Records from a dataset
☆ ☆ ☆

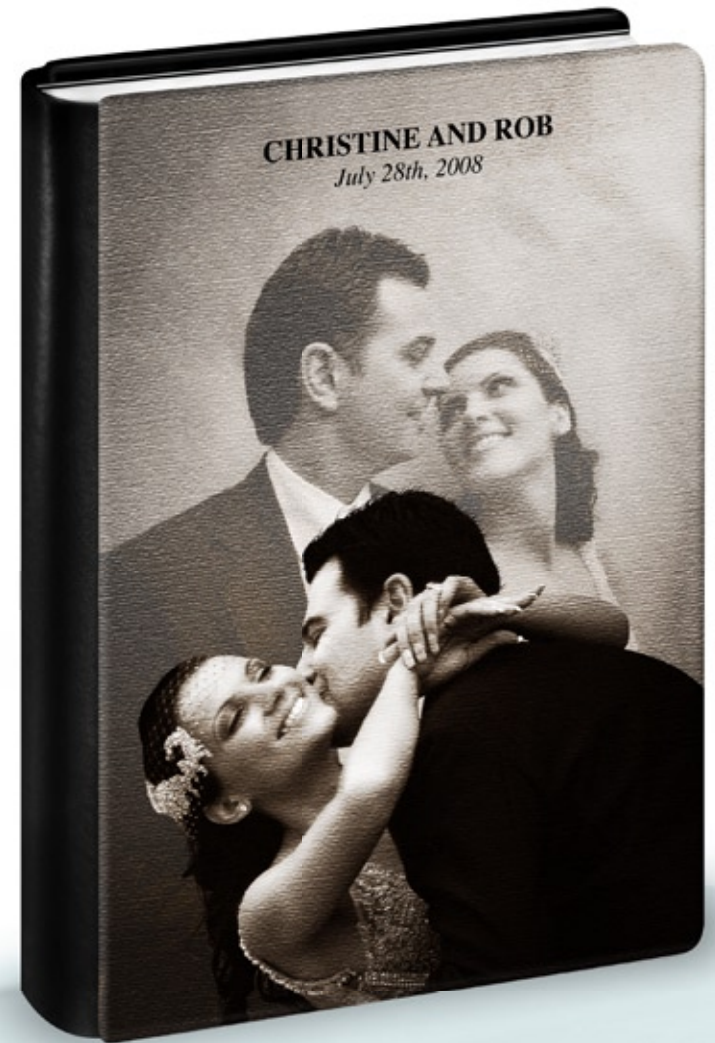

Code: **113/6**
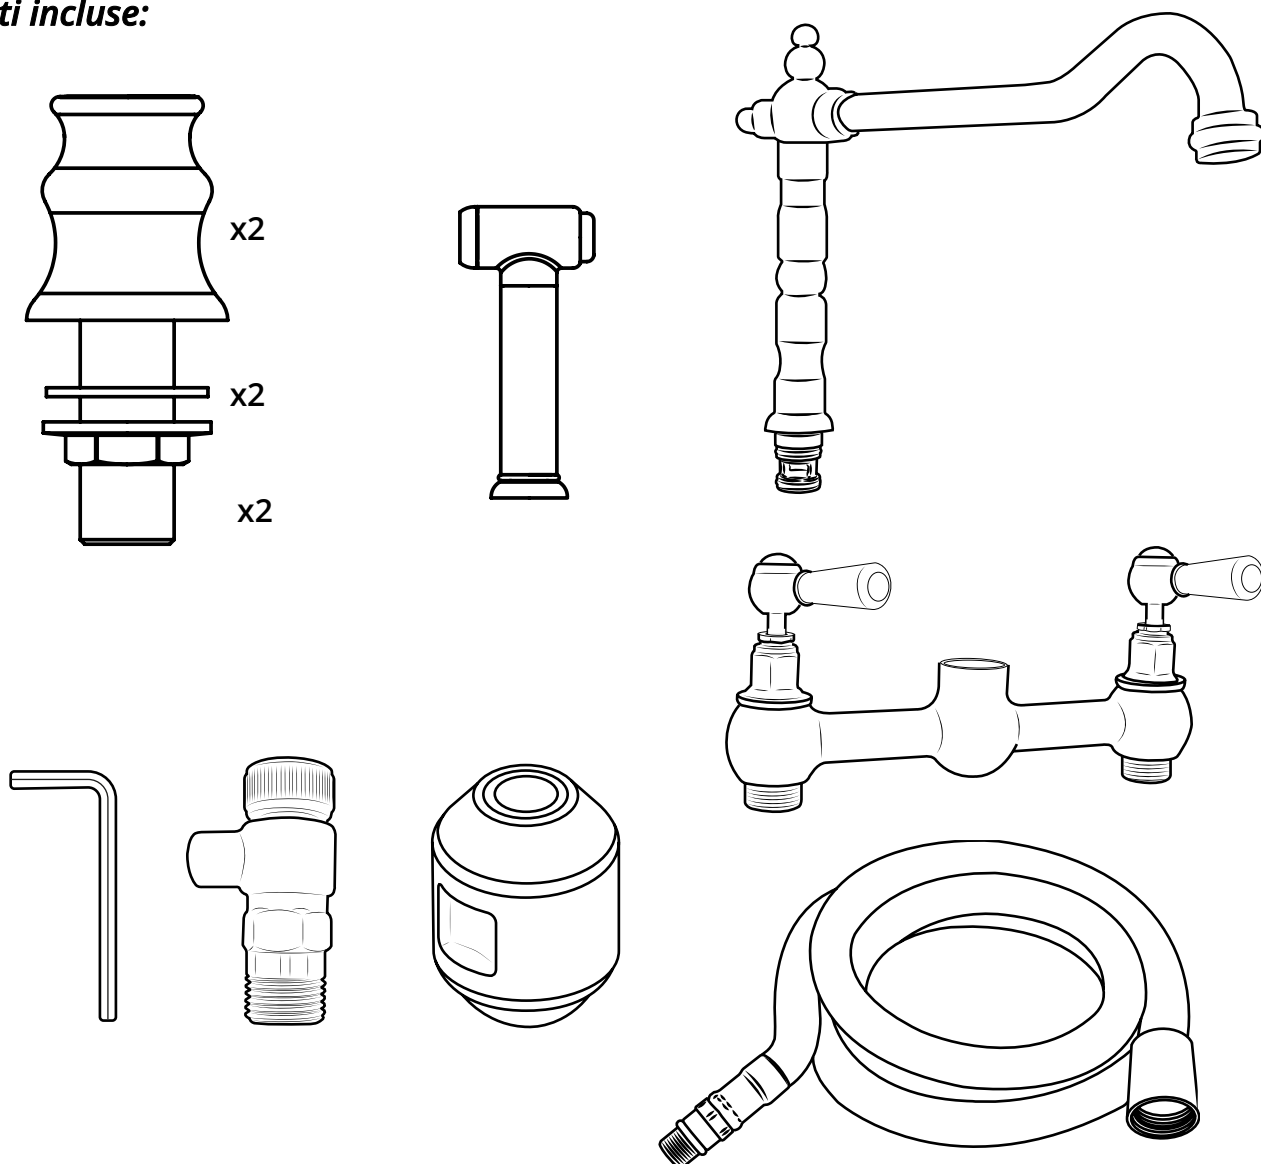

Hudson Reed

Rubinetteria Cucina

Guida di Installazione

Installazione

Strumenti richiesti per l'installazione:

Parti incluse:

1

2

3

4

5

6

7

8

9

10
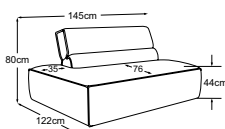

2HT L
Objednávka- číslo: D009520
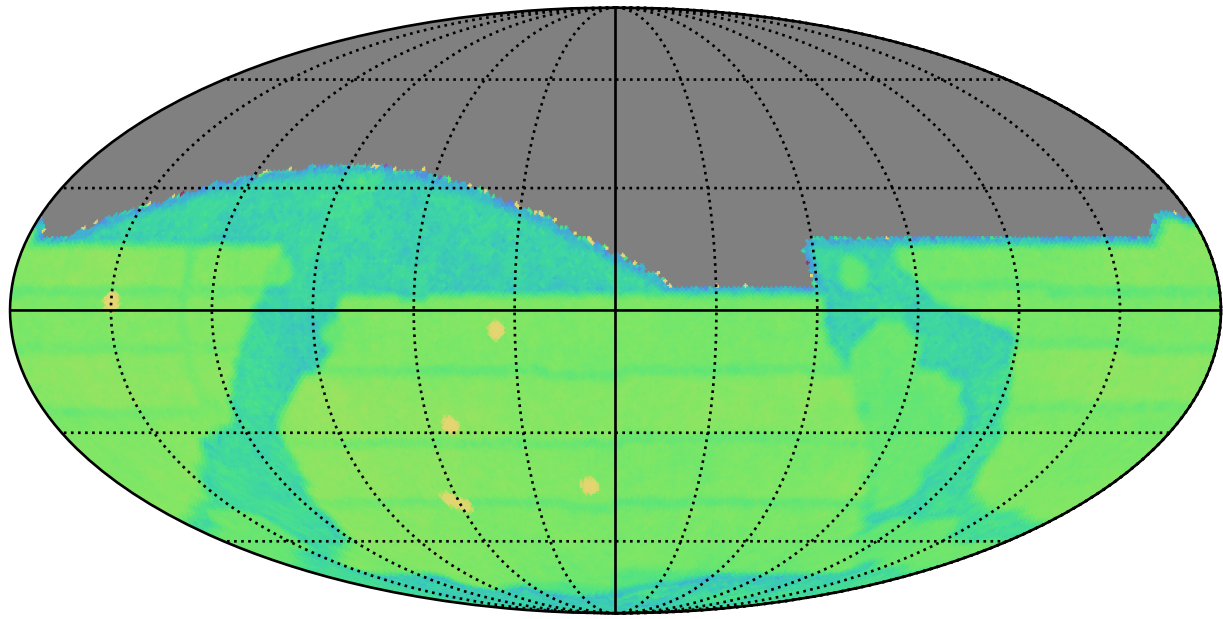

too_combined_s0.8_v3.4_10yrs : GalPlaneVisitIntervalsTimescales_xray_binaries_map_Tau_2_0

0.0 0.1 0.2 0.3 0.4 0.5 0.6 0.7 0.8 0.9 1.0
GalPlaneVisitIntervalsTimescales_xray_binaries_map_Tau_2_0
(MJD mag)
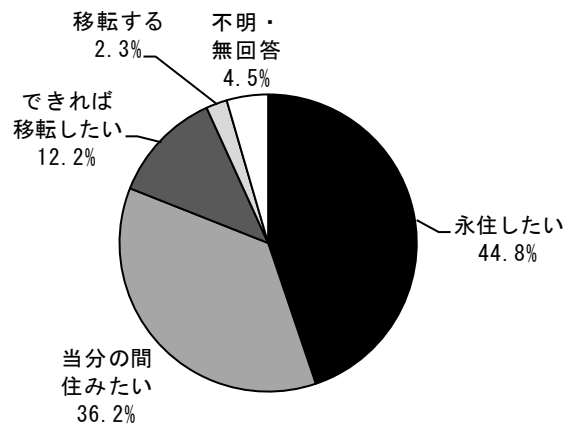

II アンケート調査の結果

1. 町の住みごちについて

問1 あなたは、宮代町の住みやすさを、全体としてどう感じていますか。

住みやすさについては、「大変住みやすい」「どちらかといえば住みやすい」が全体の7割以上となっています。

問1 住みやすさ N=1,262

問1 住みやすさ 前回比較

■問1 住みやすさ×問16 居住年数

居住年数とのクロス集計結果を見ると、居住年数が「10～19年」で『住みやすい』（「大変住みやすい」と「どちらかといえば住みやすい」の合計）が比較的低くなっています。

問2 あなたは、これからも宮代町に住み続けたいと思いますか。

今後の居住意向については、「永住したい」または「当分の間住みたい」が8割以上を占めています。

問2 住み続けたいか N=1,262

問2 居住継続の意向 前回比較

【問2で「永住したい」「当分の間住みたい」と回答された方】

問2-1 その主な理由は何ですか。(複数回答)

永住したい、あるいは当分の間住みたい理由については、「自分の家(土地)がある」が顕著に高く、次いで「永年住み慣れている」、「自然環境が良い」がとなっています。
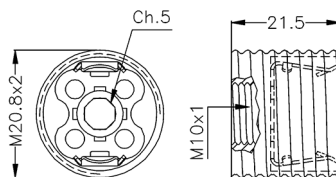

## SPO58

Spot reggivetrol in ottone grezzo filettato M20.8x2. Fissaggio con chiave esagonale 5 mm.  
*Raw brass support for glass, threaded M20.8x2. Fixing with 5 mm hexagonal spanner.*
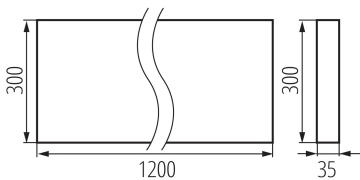

35839 OS-H5D-NW-RST-W-N3

LED-Aufputz-Büroleuchte

5905339358394

PRODUKTPARAMETER:

Farbe: weiß

Einbauort: Deckenmontage

Anwendungsbereich: innerhalb

Min.Installationsabstand zum beleuchteten Objekt: 0,5m

Möglichkeit des Betriebes mit einem Dimmer: nein

Darf nicht mit wärmeisolierendem Material abgedeckt werden.:
ja

Länge [mm]: 1200

Breite [mm]: 300

Höhe (mm): 35

Integrierte LED-Lichtquelle: ja

Nennspannung [V]: 220-240 AC

Nennfrequenz [Hz]: 50

Maximale Leistung [W]: 49W

Schutzklasse gegen elektrischen Schlag: I

Abdeckungsmaterial: Kunststoff

Dioden Typ: LED SMD

Lichtstrom der Leuchte [lm]: 6300

Farbtemperatur: weiß

Lebensdauer [h]: 50000

Lampenlichtstromerhalt am Ende der Nennlebensdauer:
L90B10

Anzahl der Schalt-Zyklen: ≥ 30000

Abstrahlwinkel [°]: 50

Umgebungstemperaturbereich [°C]: 5÷25

Schirmart: raster

Gehäusematerial: Metall

Anschlussart: Selbstklemmender Würfel

Querschnittbereich der verwendeten Leitungen [mm²]: 1,5÷2,5

Aufwärmzeit der Lampe [s]: ≤ 1

Lampenzündzeit [s]: $\leq 0,5$

Rodzaj soczewki [°]: 50

IP-Klasse (Schutzart): 20

Zusätzliche Informationen: Möglichkeit, die LED-Lichtquelle nur durch qualifiziertes Personal auszutauschen (nur durch den Kanlux-Service)

Zusätzliche Informationen: Das Vorschaltgerät kann nur von einem qualifiziertem Personal ausgetauscht werden (nur vom Kanlux-Service)

Zusätzliche Informationen: Umgebendes Produkt (CP)
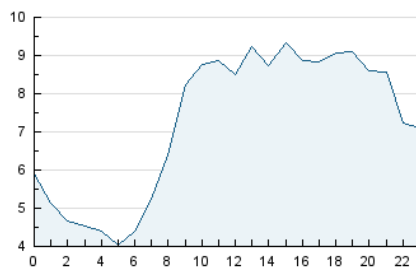

4.2 Per franja horària (promig)

Visites (x 1000)
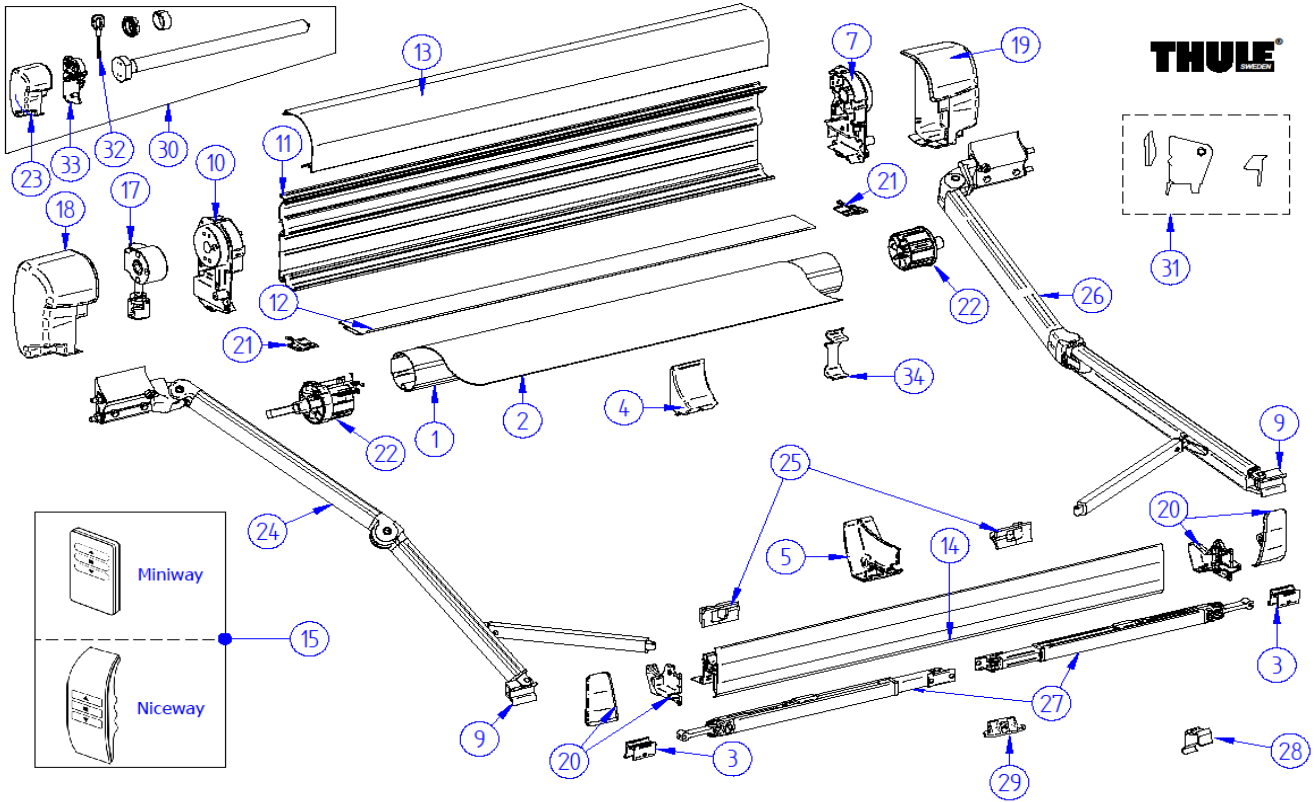

2020 SPARE PARTS LIST
8000

THULE
SWEDEN

5AP606

THULE Omnistor 8000

5AP 606-02

	ART.NR.	DESCRIPTION		
1	1500601797	ROLLER TUBE 70 / 8000 -3,50M		
	1500601798	ROLLER TUBE 70 / 8000 -4,00M		
	1500601799	ROLLER TUBE 70 / 8000 -4,50M		
	1500601800	ROLLER TUBE 70 / 8000 -5,00M		
	1500601801	ROLLER TUBE 70 / 8000 -5,50M		
	1500601802	ROLLER TUBE 70 / 8000 -6,00M		
	2	1500601825	FABRIC 8000 3,50M 03	
1500601826		FABRIC 8000 3,50M 04		
1500601832		FABRIC 8000 3,50M 31		
1500601833		FABRIC 8000 3,50M 32		
1500600077		FABRIC 4.00M 8000 03		
1500600078		FABRIC 4.00M 8000 04		
1500600082		FABRIC 4.00M 8000 22 RAL 9002		
1500601701		FABRIC 4.00M 8000 31		
1500601702		FABRIC 4.00M 8000 32		
1500600084		FABRIC 4.50M 8000 03		
1500600085		FABRIC 4.50M 8000 04		
1500600089		FABRIC 4.50M 8000 22 RAL 9002		
1500601703		FABRIC 4.50M 8000 31		
1500601704		FABRIC 4.50M 8000 32		
1500600092		FABRIC 5.00M 8000 03		
1500600093		FABRIC 5.00M 8000 04		
1500600097		FABRIC 5.00M 8000 22 RAL 9002		
1500601705		FABRIC 5.00M 8000 31		
1500601706		FABRIC 5.00M 8000 32		
1500600099		FABRIC 5.50M 8000 03		
1500600100		FABRIC 5.50M 8000 04		
1500600104		FABRIC 5.50M 8000 22 RAL 9002		
1500601707		FABRIC 5.50M 8000 31		
1500601708		FABRIC 5.50M 8000 32		
1500600106		FABRIC 6.00M 8000 03

☆ ☆ ☆

### Problem description
Could you write out, exactly as they stand, only the lines above that begin at the line with "Höhe (mm): 35" and stop after the line with "Lampenlichtstromerhalt am Ende"?

### The completed task
Höhe (mm): 35

Integrierte LED-Lichtquelle: ja

Nennspannung [V]: 220-240 AC

Nennfrequenz [Hz]: 50

Maximale Leistung [W]: 49W

Schutzklasse gegen elektrischen Schlag: I

Abdeckungsmaterial: Kunststoff

Dioden Typ: LED SMD

Lichtstrom der Leuchte [lm]: 6300

Farbtemperatur: weiß

Lebensdauer [h]: 50000

Lampenlichtstromerhalt am Ende der Nennlebensdauer:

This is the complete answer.